Reading an XML Document

The XmlDocument class may be thought of as the root of a tree of XML data. It's easy to get one of these either by parsing an XML document, or by instantiating an empty one directly. The document has a single ElementNode, optionally preceded and followed by CommentNode and PINode values. Documents may also have a Document Type Definition (DTD), and may optionally be validated as they are parsed.
    XmlDocument    document;
    Element        rootElement;

    document = XmlDocument.createXmlDocument (
	    "http://www.w3.org/TR/1998/REC-xml-19980210.xml",
	    false);
    rootElement = (ElementNode) document.getDocumentElement ();

The most flexible way to create an XML document involves direct use of the XmlDocumentBuilder class with a SAX parser. It is a SAX document handler, which constructs documents from parser callbacks.
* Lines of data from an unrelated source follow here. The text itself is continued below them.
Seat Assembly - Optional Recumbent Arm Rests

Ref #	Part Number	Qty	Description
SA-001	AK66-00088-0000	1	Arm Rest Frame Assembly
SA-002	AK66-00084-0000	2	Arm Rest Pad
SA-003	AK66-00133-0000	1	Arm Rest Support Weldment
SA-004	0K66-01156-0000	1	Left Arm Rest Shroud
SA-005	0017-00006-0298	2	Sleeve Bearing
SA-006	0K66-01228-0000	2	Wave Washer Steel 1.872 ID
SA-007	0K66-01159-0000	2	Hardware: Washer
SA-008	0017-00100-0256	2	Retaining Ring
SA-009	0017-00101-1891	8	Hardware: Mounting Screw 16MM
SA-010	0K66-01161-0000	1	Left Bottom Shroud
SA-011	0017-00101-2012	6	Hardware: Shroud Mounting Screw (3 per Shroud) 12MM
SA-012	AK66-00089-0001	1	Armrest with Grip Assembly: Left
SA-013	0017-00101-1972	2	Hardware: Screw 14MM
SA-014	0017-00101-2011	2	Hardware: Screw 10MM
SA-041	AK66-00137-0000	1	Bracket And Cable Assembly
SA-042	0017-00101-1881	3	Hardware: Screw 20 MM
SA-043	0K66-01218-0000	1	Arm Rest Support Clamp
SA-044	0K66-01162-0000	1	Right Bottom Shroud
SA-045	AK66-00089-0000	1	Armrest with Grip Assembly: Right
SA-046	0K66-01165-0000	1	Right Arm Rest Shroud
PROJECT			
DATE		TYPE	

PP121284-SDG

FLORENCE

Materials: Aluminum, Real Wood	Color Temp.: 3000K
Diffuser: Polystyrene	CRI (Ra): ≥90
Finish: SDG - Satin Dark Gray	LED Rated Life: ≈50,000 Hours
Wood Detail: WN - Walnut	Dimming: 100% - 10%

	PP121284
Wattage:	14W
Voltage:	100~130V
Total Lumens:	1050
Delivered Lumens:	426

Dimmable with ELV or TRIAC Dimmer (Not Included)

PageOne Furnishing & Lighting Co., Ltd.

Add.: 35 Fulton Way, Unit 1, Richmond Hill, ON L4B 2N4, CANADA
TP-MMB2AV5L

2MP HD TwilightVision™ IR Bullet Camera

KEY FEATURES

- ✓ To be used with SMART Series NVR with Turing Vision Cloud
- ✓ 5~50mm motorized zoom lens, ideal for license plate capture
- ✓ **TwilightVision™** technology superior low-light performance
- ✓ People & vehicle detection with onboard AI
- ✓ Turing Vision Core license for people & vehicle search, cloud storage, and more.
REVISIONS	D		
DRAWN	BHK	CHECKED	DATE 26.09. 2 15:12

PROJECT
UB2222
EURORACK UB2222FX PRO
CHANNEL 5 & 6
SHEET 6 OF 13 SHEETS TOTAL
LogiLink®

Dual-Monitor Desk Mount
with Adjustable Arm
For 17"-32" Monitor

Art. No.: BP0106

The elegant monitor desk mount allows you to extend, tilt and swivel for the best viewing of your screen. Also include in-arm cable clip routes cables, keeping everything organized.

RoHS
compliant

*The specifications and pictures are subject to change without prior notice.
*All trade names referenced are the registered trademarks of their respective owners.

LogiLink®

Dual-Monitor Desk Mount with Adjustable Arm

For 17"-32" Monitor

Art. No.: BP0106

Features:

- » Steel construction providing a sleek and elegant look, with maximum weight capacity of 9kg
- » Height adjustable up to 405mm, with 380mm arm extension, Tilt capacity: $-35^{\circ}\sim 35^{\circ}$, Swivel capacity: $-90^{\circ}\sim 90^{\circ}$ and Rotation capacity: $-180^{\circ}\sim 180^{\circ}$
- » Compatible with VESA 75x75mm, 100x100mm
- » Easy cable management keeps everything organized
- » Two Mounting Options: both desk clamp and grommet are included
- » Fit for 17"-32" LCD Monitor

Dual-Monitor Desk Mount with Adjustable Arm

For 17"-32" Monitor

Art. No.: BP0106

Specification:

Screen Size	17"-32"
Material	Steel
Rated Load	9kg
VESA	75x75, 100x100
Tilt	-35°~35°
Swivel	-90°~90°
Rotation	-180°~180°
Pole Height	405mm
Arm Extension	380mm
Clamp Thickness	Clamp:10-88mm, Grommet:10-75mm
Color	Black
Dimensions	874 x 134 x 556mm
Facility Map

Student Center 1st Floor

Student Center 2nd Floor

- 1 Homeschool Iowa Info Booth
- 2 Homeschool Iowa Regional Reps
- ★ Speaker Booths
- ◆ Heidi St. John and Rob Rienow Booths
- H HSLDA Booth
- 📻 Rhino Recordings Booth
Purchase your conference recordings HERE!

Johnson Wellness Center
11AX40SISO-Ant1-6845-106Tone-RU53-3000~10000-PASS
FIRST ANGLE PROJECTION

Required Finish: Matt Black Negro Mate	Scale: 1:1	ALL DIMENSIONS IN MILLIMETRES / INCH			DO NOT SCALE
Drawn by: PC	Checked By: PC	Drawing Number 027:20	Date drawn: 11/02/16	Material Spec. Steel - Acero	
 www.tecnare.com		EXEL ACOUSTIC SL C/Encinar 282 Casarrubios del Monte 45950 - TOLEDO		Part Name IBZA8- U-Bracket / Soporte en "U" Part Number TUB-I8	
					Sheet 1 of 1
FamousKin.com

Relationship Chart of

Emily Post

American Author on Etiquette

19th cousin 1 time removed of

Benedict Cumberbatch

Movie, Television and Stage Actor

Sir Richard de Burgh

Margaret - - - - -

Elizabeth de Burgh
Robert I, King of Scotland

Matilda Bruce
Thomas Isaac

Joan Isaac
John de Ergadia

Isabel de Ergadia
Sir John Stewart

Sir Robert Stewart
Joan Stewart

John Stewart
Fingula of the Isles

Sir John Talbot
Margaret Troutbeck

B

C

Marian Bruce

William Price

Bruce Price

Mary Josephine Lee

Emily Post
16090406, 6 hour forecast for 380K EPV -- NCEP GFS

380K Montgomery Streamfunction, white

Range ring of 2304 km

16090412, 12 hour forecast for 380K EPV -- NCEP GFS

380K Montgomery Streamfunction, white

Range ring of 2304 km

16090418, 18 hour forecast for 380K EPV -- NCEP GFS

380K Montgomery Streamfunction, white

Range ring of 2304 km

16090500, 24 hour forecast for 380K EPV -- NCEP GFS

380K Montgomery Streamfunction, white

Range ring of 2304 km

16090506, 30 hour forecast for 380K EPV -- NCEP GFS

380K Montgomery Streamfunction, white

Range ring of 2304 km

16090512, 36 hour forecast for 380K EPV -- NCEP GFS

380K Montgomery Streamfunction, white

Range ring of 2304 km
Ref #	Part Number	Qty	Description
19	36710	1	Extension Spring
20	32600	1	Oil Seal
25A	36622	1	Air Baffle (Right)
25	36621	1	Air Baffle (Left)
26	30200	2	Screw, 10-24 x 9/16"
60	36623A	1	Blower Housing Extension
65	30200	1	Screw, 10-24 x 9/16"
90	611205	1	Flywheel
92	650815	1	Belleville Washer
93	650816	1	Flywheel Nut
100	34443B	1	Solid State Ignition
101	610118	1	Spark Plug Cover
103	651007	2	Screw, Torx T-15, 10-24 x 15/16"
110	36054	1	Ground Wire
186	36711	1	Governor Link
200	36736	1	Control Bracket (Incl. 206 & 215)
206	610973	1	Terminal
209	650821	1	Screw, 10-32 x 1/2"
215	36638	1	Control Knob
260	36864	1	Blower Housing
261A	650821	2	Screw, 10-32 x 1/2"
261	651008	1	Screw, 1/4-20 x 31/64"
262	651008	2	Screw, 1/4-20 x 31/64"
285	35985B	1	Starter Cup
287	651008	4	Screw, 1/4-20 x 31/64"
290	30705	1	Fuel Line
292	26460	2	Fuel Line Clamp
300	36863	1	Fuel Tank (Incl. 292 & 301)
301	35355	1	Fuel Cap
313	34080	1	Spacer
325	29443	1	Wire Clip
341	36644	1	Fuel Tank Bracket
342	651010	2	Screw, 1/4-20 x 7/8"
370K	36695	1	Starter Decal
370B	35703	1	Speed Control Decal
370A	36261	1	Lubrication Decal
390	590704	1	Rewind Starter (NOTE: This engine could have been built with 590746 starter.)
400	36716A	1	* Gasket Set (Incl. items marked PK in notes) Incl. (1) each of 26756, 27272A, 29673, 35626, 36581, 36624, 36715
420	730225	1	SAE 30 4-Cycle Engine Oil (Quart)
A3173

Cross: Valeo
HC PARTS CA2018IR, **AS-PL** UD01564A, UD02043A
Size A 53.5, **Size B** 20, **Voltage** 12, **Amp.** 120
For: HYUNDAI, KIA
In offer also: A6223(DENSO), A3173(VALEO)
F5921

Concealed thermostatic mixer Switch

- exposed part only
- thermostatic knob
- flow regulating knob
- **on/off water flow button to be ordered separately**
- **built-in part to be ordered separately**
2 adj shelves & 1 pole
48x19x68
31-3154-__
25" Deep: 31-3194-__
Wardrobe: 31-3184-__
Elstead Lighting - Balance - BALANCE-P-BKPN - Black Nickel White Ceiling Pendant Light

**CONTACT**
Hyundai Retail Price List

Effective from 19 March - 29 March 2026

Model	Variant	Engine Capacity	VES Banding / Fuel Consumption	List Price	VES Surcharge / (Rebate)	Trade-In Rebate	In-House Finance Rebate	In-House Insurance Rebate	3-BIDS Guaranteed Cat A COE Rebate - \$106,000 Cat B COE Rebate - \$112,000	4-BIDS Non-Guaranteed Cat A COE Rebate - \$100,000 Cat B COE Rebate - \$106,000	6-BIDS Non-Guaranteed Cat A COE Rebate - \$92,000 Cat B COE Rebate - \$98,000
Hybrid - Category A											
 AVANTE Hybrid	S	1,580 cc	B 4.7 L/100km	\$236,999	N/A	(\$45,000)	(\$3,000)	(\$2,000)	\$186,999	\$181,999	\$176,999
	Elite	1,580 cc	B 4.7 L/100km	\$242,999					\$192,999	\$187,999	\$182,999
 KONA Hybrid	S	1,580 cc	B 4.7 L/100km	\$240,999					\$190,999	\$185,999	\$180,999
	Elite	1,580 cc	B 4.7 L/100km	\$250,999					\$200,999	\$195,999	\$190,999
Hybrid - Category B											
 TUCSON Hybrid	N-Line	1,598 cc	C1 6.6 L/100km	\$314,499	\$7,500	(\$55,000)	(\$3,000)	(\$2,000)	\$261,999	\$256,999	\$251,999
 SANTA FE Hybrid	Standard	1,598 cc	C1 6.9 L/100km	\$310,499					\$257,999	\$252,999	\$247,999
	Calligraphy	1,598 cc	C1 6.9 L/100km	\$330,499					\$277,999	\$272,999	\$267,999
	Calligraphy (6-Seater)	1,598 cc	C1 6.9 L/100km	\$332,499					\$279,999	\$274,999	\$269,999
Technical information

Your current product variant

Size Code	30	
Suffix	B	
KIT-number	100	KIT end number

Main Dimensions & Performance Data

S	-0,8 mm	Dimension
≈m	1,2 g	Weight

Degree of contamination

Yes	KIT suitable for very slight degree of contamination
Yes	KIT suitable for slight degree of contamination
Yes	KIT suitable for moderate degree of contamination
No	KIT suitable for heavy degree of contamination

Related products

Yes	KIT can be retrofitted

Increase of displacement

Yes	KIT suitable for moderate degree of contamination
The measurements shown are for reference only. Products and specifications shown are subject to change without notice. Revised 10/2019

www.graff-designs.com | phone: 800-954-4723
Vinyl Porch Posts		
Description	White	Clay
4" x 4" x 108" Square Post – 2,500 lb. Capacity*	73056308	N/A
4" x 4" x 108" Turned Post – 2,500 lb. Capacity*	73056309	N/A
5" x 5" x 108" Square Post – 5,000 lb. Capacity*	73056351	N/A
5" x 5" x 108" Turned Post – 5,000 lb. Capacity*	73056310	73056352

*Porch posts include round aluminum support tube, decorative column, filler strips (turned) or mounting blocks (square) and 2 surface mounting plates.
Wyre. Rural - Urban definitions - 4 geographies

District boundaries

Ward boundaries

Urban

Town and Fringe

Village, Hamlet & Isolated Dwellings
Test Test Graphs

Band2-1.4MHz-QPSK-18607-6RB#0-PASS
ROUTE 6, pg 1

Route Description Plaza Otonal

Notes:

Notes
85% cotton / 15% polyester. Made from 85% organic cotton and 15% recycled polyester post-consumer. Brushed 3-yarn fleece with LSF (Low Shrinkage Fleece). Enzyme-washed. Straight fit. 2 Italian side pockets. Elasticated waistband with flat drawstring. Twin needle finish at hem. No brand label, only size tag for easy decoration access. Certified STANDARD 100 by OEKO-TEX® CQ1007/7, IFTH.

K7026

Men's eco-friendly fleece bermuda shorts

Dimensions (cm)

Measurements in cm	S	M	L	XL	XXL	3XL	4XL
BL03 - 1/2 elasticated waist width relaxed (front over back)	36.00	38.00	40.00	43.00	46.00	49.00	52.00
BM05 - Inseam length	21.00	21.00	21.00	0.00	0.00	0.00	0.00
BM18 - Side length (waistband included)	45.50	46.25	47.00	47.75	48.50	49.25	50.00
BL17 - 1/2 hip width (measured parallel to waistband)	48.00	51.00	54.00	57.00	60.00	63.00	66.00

Writing XML Documents and Nodes

To save a document or node, get a Writer, preferably one using an efficient loss-free encoding such as UTF-8. Then just use the write(Writer) method to save that document; all the node types in this package support such methods, so you can write each node and any of its children with a single method call.

The XmlDocument class has two additional methods. If you write using an OutputStream it is automatically encoded using the UTF-8 encoding. Or you may describe the character encoding being used with your Writer, to ensure that the XML declaration written out is described as using that encoding.

If you want to write a document or node using some output format other than XML, you can override its write(Writer) method. The implementation of such methods involves calls to writeXml methods. You can customize your tree to include only nodes that know how to write themselves as HTML, or some other output format.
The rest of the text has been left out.